**ABOUT THIS EXERCISE**: Repeat the lines of the data exactly and exclude any picture among them.

── SOURCE INFORMATION

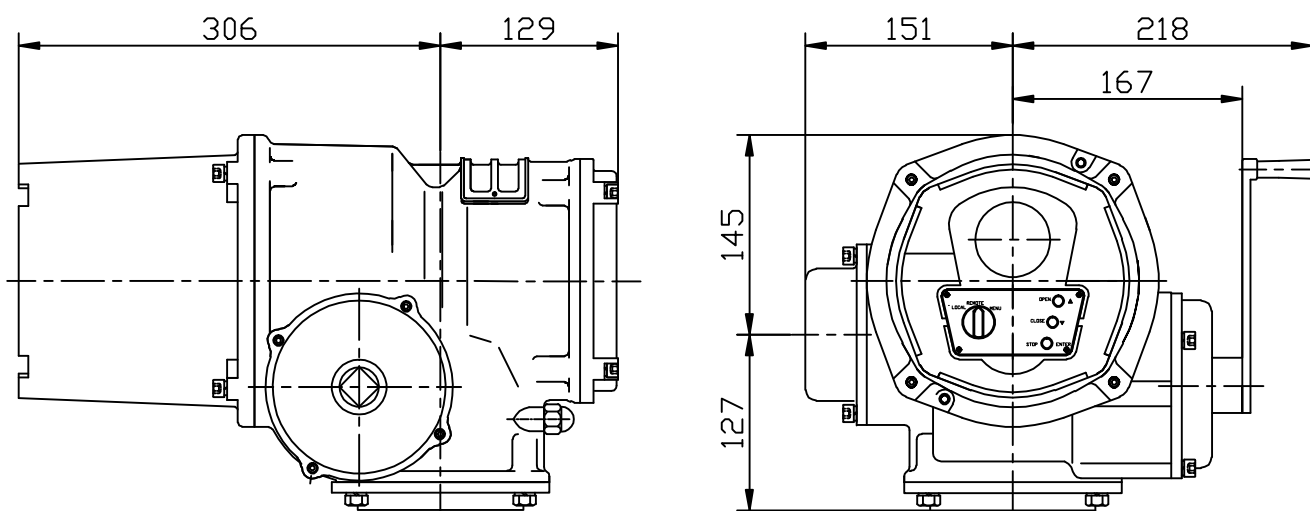

AVAT02 Series Electric Actuator Dimension
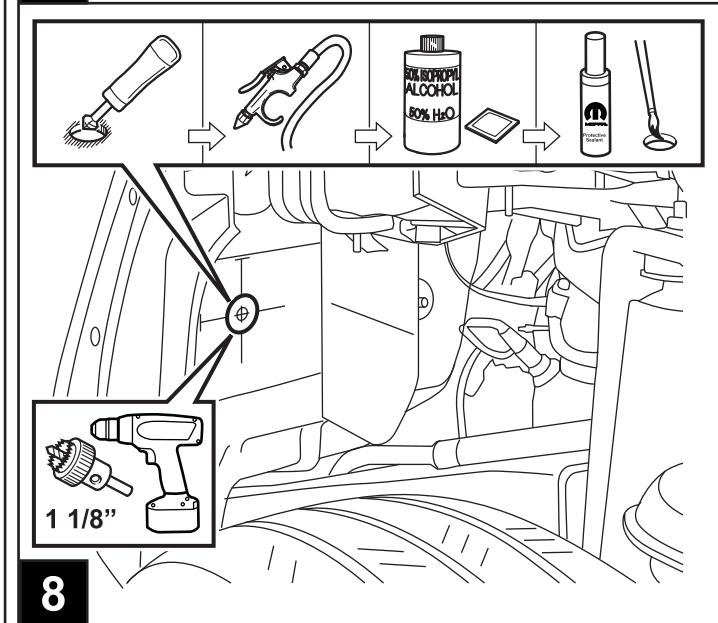

JEEP WRANGLER

"RV" Tow Harness

11

12

13

14

15

16

17

18

19

20

21

CUSTOMER DELIVERY

22

CUSTOMER USAGE

────

**EXERCISE RESULT**:
AVAT02 Series Electric Actuator Dimension

JEEP WRANGLER

"RV" Tow Harness

11

12

13

14

15

16

17

18

19

20

21

CUSTOMER DELIVERY

22

CUSTOMER USAGE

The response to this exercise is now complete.